# How common is photoshopping?



## dawns (Jun 29, 2010)

How can you tell if they have been photoshopped?


----------



## Leooonie (May 30, 2009)

well looking back on them now, its just because some of the lines looks a bit awkward and fuzzy... I may be wrong..but I have seen it before on show kennels and it intrigues me


----------



## Fluffyspoos (Aug 11, 2009)

VERY common, it really makes me mad when people photoshop imagines. On the site you linked, the back of the hock on the back left leg has been blurred, as has the back of the mane and the front of the tail for some reason. Those areas aren't consistent with the coat of the rest of the dog.

This breeder does it a lot
Standard Poodles - Sires Dams - Solid Colors
Parti Standard Poodles - Sires Dams

A popular canadian red/brown/black breeder has photoshopped images as well.

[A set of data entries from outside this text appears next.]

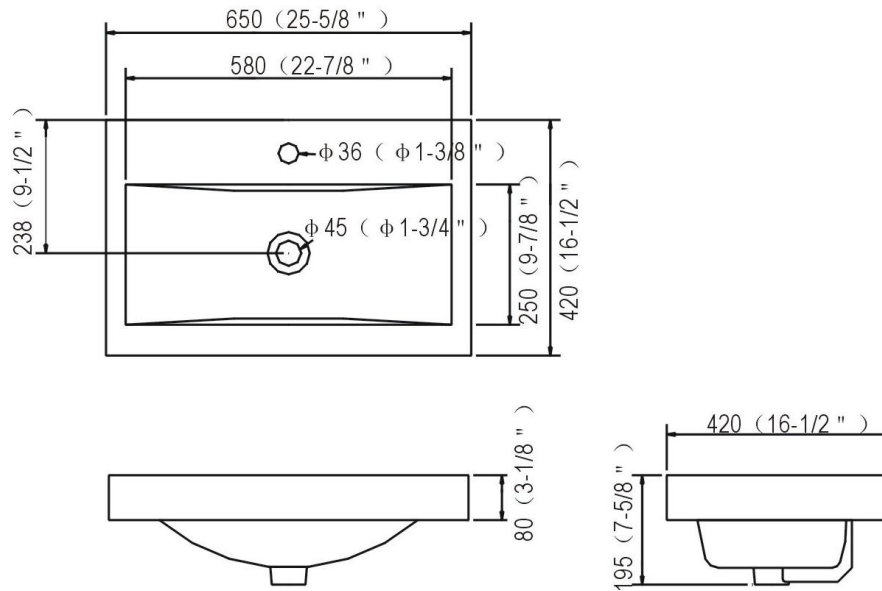

**LAVATORY**  
LV1068CE2

**Description**

- Ceramic
- 26 5/8" x 16 1/2"
- Single hole

**Codes/Standards Applicable**

Specified model meets or exceeds the following:

- ASME A112.19.2

**Colors/Finishes**

- Ceramic
- White

**LAVATORY**  
LV1068CE2

**Product Diagram**

I don't know why people photoshop their dogs, I'm sure their dogs look fine or even better without it.

And
Pedigree: Leke Flamin Kokopelli Dancer


----------



## Leooonie (May 30, 2009)

Ohhh Ive seen those ones before fluffyspoos... always make me laugh so hard!! how can they not think thats obvious at all? Then again, they dont look like particularly brilliant breeders anyway :/

I guess its when people arent happy with their dogs they do it :/
I can see why you might do it to imagine what a dog might look like in a certain cut, but to dupe people into thinking your dogs are good quality is wrong


----------



## Fluffyspoos (Aug 11, 2009)

Exactly, the only photoshopping I do on my own photos is contrast/saturation enhancement so you can actually see Vegas's details instead of a black shape of a dog. Though, I'm not a breeder, and this is just all for me. I only alter my dogs grooms when I'm trying to create a goal image, purely for myself as well and VERY obvious.


----------



## zyrcona (Jan 9, 2011)

Fluffyspoos said:


> Pedigree: Leke Flamin Kokopelli Dancer


Someone behind that garish pixellated hedge is trying to steal that dog! Stop them!

And the Smith Poodles images all have stinkhorns instead of tails.


----------



## outwest (May 1, 2011)

My husband photoshopped a tiara on the head of my poodle. Does that count?  

The Smith poodles seem to have tails stuck on (maybe they are terrified and their tails are down?). The black poodle doesn't seem like they had a lot done. Maybe there was junk in the street and they wanted to get rid of it to show the dog off more. Maybe the haircut was lacking. The last one of Tigger is just hilarious. Obviously they couldn't get a photo without a person holding him still, so took the person out- except the hands. Too funny! Did you notice he is being choked, too? If that is the Tigger that we saw a video of a while back he was a nice looking dog.


----------



## tokipoke (Sep 3, 2011)

zyrcona said:


> Someone behind that garish pixellated hedge is trying to steal that dog! Stop them!
> 
> And the Smith Poodles images all have stinkhorns instead of tails.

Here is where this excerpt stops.